# Certified Arborist needed 3 month contract



## Shanea Rollins (Nov 14, 2018)

Hello,


Due to the startup of a new project Tetra Tech is looking to hire *Arborists/Pre-inspectors *to be an integral part of our operations in *Northern California and surrounding areas *as a result of recent fires. This project will require technical ability to track work, time and other documentation on an android devise while overseeing the cut crews. Must be able to work 6 days a week, 10-12 hours per day. *Travel expenses, lodging and per diem covered by Tetra Tech for the duration of the project.*

This is a great opportunity to make a significant career impact and to embed oneself with one of the most reputable consulting engineering firms in the United States. I would welcome the opportunity to speak with you about this opportunity.

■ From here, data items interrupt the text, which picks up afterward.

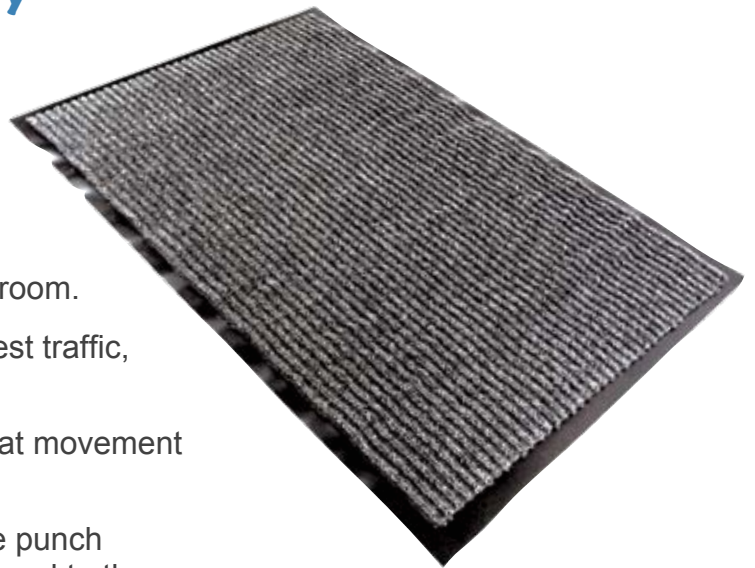

EQUIPARTS
Repair Parts Specialists

Product Spotlight

SPECTRA SOAKER CARPET MATS

Raised Rubber Edge Keeps Dirt and Water on the Mat!

- Ideal for indoor or outdoor applications.
- Made of 100% premium polypropylene anti-static fiber secured to a 100% SBR rubber back.
- Raised rubber edge contains dirt and water, keeping floors dry and clean.
- Special gripper rubber backing helps prevent mat from sliding.
- Mats dry quickly and retain their vivid color appearance.
- Made in the U.S.A.

#12415MEDBROWN

#12415NAVY

#12415RED

EQUIPARTS
Repair Parts Specialists

Product Spotlight

SPECTRA RIB CARPET MATS

*Excellent Shoe Scraping Ability
with a Fine Carpet Look!*

- The ribs on the Spectra-Rib Carpet Mat scrape shoes clean of dirt and debris, while the valleys hold the dirt and moisture.
- Mat is easily cleaned with a vacuum, hose, or broom.
- Heavy duty construction stands up to the heaviest traffic, indoors or outdoors.
- Solid vinyl back is slip resistant, and reduces mat movement while protecting the floor.
- Ribs have 26 oz. of 100% polypropylene needle punch fibers per square yard which are permanently fused to the 75 mil solid vinyl backing.
- Made in the U.S.A.

Size

2' X 3'

#12413BLUE

#12413BROWN

#12413CHAR

#12413GREY

4' X 6'

#12414BLUE
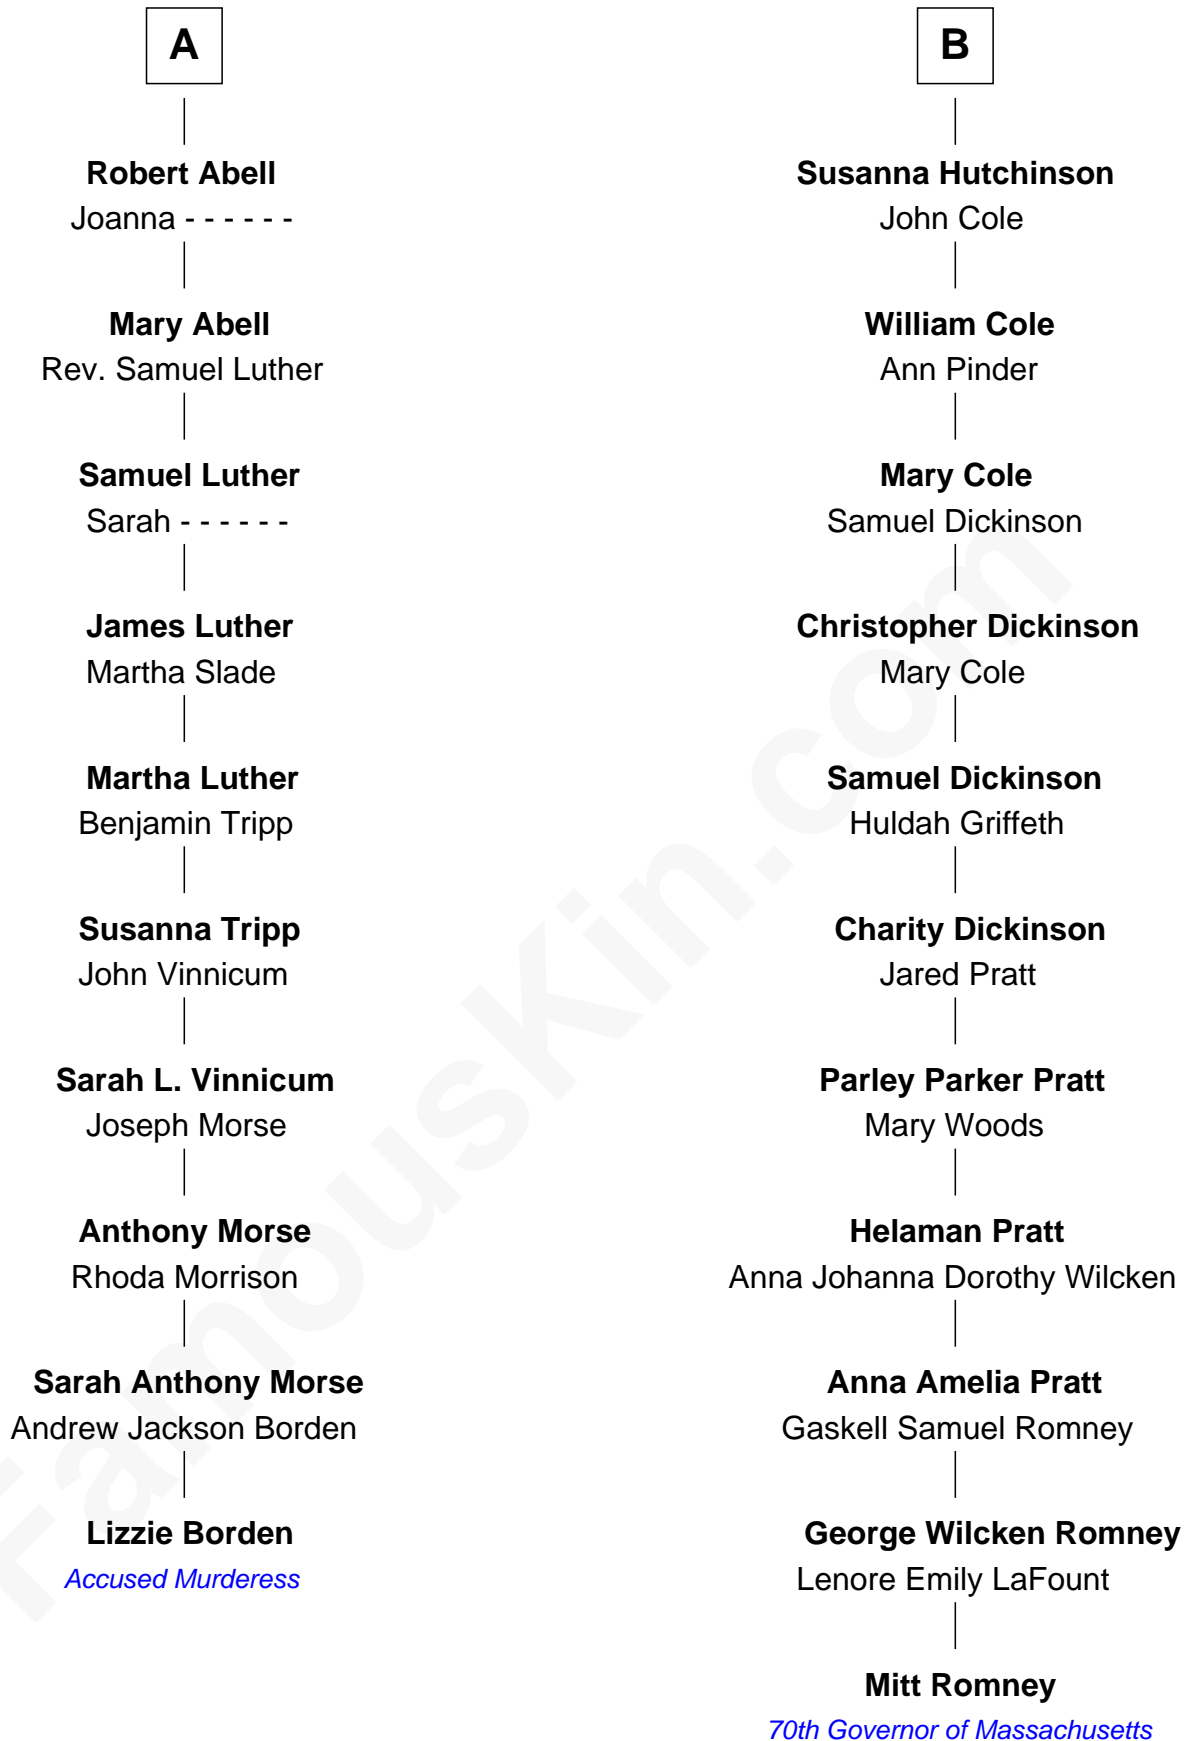

FamousKin.com Relationship Chart of

Lizzie Borden

Accused Murderess

16th cousin 1 time removed of

Mitt Romney

70th Governor of Massachusetts

Sir Walter Blount

Sancha de Ayala

Mitt Romney photo by [Gage Skidmore](#) (CC BY-SA 3.0)

Please PM me the best phone number to reach you at if you’re interested in learning more.


----------



## Murville Alleman (Dec 14, 2018)

Shanea Rollins said:


> Hello,
> 
> 
> Due to the startup of a new project Tetra Tech is looking to hire *Arborists/Pre-inspectors *to be an integral part of our operations in *Northern California and surrounding areas *as a result of recent fires. This project will require technical ability to track work, time and other documentation on an android devise while overseeing the cut crews. Must be able to work 6 days a week, 10-12 hours per day. *Travel expenses, lodging and per diem covered by Tetra Tech for the duration of the project.*
> ...


Have been trying to reach you to no avail; we have spoken about my coming in Jan, but now can come sooner. Call me at 337-371-1802. Thanks.


----------



## Murville Alleman (Dec 18, 2018)

After calling the company in Calif., they informed me this may be a scam to phish for personal information, or possibly wacko environmentalists seeking to disrupt tree removal operations. If you have other information, please respond.


----------